Dating can be incredibly difficult. For so many reasons. Most, of which, I’m not going to get into today. But think about it. Does anyone really enjoy dating? And if you do, aren’t you a red flag to potential partners out there? It is so difficult to meet someone, sort through all the junk to finally get you to a first date. As someone who found themselves suddenly single after 7 years, I can relate to dating being a difficult process. There is a lot of risk that goes into meeting someone. Emotional risk, and physical risk if this is the first time you’re meeting them. What I’m getting at is that there needs to be better apps out there to help you find people. And maybe there is?
There is a new app on the market called First. The premise behind the First app is to help you find people with similar interests. Which means it’s based on finding commonality between two people, rather than basing it on looks. Let me start by saying that I like this idea. Especially if you’re looking for a partner. That said, if you’re just looking for a hook up, what difference does it make how much you have in common? My last sentence may sound a bit superficial, but if you’re physically attracted to someone and the end game is sexual, what difference does it make who their favourite artist is? That also sounds pretty cold and heartless, but I stand by my statements.

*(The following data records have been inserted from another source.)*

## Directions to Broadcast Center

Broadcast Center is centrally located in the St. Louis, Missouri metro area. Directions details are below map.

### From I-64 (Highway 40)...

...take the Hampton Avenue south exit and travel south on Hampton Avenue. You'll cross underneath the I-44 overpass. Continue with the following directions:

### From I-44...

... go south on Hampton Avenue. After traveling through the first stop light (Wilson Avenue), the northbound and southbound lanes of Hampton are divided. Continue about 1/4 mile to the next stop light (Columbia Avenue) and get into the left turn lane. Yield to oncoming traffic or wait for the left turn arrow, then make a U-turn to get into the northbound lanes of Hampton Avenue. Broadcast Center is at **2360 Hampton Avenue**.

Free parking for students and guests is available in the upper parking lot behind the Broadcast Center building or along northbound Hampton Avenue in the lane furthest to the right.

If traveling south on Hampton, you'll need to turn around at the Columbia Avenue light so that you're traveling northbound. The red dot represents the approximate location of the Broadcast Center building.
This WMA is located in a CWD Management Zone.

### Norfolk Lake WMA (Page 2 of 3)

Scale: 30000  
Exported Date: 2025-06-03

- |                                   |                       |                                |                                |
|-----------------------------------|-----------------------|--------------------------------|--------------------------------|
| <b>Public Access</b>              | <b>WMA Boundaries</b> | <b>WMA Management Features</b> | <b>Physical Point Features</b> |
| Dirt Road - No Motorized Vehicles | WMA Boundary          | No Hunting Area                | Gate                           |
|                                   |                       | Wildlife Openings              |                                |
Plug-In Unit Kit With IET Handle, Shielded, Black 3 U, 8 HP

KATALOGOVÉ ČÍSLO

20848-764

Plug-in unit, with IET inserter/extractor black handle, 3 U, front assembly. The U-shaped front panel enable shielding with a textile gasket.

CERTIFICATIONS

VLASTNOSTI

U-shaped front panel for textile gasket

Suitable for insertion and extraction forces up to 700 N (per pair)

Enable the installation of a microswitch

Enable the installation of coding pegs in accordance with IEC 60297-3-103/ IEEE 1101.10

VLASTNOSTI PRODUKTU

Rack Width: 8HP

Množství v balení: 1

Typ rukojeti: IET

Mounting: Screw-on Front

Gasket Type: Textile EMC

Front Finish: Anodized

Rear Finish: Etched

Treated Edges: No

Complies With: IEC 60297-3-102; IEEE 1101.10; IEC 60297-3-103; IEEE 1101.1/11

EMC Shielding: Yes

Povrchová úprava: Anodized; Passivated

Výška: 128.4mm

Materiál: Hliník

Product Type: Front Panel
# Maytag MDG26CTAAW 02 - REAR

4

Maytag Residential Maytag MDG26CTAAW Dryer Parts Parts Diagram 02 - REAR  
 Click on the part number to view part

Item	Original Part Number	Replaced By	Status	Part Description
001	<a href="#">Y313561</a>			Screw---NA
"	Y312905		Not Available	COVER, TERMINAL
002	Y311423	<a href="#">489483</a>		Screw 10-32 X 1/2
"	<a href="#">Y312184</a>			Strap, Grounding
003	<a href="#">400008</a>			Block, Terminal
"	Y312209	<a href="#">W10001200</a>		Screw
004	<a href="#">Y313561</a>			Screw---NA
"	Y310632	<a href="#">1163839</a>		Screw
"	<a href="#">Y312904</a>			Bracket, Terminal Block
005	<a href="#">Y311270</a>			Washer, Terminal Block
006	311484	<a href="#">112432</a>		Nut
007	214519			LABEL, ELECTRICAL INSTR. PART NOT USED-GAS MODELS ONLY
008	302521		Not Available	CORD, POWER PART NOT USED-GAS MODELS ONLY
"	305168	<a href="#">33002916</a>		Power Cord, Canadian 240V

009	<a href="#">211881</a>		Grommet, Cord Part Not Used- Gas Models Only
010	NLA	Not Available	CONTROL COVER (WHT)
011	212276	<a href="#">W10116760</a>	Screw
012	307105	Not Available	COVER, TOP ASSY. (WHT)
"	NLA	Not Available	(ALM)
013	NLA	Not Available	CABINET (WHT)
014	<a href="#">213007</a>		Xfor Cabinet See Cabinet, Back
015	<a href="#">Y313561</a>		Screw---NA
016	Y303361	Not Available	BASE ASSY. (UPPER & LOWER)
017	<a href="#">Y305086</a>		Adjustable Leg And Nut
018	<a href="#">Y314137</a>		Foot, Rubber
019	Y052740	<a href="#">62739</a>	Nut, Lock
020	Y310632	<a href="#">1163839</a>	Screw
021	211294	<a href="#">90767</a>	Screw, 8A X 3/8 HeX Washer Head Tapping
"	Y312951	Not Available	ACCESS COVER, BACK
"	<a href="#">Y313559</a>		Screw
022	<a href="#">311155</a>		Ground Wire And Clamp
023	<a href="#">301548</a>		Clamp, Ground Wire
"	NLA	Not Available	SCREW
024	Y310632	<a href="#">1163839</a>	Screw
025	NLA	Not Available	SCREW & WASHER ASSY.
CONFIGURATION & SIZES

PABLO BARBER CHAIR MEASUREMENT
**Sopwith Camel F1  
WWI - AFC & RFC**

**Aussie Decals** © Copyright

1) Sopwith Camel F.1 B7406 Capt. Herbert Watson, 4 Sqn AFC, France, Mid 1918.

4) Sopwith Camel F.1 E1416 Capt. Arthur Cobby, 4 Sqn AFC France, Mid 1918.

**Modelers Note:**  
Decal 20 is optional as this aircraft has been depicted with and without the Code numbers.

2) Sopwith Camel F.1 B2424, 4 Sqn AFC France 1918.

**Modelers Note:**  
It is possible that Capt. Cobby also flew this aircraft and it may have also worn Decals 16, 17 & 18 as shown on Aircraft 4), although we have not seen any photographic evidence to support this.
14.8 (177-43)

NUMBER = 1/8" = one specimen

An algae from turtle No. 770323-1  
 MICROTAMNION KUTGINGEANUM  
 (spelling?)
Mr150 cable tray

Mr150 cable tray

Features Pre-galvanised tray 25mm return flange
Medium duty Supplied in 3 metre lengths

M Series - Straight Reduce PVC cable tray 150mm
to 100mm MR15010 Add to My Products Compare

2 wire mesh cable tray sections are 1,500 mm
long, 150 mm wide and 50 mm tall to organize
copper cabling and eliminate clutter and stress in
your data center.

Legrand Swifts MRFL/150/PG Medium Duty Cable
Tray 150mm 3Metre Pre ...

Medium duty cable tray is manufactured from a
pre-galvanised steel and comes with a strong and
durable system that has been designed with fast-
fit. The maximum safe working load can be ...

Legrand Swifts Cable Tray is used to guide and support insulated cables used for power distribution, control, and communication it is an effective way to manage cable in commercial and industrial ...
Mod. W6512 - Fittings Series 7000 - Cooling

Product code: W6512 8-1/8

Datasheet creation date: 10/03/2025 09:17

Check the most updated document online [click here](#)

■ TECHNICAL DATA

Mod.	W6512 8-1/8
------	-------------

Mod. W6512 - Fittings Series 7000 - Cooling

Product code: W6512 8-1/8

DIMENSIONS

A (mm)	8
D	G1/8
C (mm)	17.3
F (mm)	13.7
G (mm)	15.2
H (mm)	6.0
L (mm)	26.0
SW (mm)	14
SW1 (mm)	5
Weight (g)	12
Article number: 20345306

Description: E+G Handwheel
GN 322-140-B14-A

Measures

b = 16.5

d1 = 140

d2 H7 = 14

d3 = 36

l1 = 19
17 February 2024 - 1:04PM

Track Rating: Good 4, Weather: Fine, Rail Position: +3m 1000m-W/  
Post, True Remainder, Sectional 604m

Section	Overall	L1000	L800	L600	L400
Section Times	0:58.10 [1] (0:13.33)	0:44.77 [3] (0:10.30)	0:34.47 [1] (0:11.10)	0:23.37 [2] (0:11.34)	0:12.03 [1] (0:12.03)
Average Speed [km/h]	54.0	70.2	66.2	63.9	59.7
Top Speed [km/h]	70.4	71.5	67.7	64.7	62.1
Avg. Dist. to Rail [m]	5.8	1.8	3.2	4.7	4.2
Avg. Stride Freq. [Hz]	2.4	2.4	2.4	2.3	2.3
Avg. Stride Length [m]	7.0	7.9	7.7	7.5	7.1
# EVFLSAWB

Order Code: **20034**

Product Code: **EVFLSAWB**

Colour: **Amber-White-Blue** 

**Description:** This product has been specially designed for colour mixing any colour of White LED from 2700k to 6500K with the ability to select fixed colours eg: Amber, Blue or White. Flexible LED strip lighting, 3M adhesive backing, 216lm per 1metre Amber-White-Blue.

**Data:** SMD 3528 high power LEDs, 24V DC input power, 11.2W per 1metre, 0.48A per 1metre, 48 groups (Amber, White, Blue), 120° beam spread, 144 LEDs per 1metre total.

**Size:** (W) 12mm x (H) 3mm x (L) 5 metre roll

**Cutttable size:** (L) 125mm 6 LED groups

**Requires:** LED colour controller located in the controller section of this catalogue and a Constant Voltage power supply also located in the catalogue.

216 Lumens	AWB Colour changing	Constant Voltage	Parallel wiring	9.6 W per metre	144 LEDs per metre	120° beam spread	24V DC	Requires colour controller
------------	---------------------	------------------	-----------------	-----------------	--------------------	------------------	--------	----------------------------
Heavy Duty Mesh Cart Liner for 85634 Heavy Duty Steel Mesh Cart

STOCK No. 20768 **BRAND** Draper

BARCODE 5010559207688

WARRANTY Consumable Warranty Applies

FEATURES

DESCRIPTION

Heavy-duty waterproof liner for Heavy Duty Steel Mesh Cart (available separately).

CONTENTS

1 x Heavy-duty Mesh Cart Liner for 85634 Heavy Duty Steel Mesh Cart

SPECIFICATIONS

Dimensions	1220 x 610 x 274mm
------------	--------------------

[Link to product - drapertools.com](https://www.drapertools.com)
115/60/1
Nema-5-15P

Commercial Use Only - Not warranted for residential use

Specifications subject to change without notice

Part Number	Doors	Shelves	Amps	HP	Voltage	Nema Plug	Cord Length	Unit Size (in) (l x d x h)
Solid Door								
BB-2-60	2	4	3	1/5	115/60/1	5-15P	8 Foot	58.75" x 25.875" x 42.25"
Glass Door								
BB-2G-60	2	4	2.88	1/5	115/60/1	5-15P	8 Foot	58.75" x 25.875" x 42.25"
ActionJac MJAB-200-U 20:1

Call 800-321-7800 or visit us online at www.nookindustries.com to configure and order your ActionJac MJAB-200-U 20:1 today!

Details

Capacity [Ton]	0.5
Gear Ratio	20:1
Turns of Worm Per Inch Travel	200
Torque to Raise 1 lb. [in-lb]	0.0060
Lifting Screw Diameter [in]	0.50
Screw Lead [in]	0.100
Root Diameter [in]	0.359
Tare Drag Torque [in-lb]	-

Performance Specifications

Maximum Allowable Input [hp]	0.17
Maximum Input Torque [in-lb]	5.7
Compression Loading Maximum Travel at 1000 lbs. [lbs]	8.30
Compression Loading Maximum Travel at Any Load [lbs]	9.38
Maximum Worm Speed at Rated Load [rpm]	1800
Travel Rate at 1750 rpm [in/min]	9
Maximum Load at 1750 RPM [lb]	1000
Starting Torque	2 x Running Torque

Why I like the idea of this app is because it allows you to get to know someone (kind of) before meeting them. The way it works is that you can list certain things that you like. Museums, restaurants, concerts, bands etc. You list those and someone else who has those listed as well can connect with you. But here are the drawbacks:
- There is no opportunity to chat with the person in advance. Meaning there is no messaging component to this app. How can you get to know someone without that capability? Just because you have a restaurant, or band in common doesn’t necessarily mean you’re going to be a good partner. Even if we take looks out of it, First is making the assumption that one or two things in common equates a lasting relationship. And maybe for some people it does. But I wonder if you can base an entire app, and subsequently a relationship around this idea?
- You don’t get to know anything about the person until you meet up with them. First does suggest that you meet in a public place. Maybe one of the places you’ve listed in your dating profile, and ensure that it’s public. Very public. If you’re a no show, however, First may not allow you to use the app. Which only makes sense. Who likes to be stood up? The issue I have with this is if there is no mechanism to message the person, what if they can’t come due to some kind of emergency? Is that fair? I would rather the ability to get a message from someone indicating that they can’t come, rather than getting stood up. And what if it is an emergency? Most people would want to give the person a heads up. It’s common courtesy.
With so many dating apps on the market, does this one have a fighting chance? If I’m being honest, I don’t think so. As someone who used a few popular dating apps about a year ago, this doesn’t appeal to me from a dating perspective. It’s not all about looks for me, so I’m not trying to be superficial. What I am saying is that part of the dating app experience is that you can weed out the people you don’t want to meet. It’s possible that you have some fundamental differences that you know can’t be reconciled? I’d rather know those up front, than waste my time putting in time and effort to meet someone.
Call me old fashioned, but I like to get to know someone before going on a date with them. And if the only thing we have in common is that we both like the Killers, there’s a good chance that our relationship won’t survive past the concert. That being said, a lot of people meet and fall in love based on one commonality. I just don’t see this as a viable dating app option.
Try established like eharmony or OkCupid! Apps that really finds people for you based on how you answer questions. And not just random or silly questions. Questions that get down to the heart of who you are and what you stand for. What are your views on intimacy? What are your views on religion? These are often deal breakers in relationships, and I think that more weight should be given to them. Rather than trying to find a partner who also likes to snowboard. The First app doesn’t seem like the best option for finding a lasting and sustainable relationship, but as always that is just my opinion. For those of you are looking for someone, happy hunting, and have fun!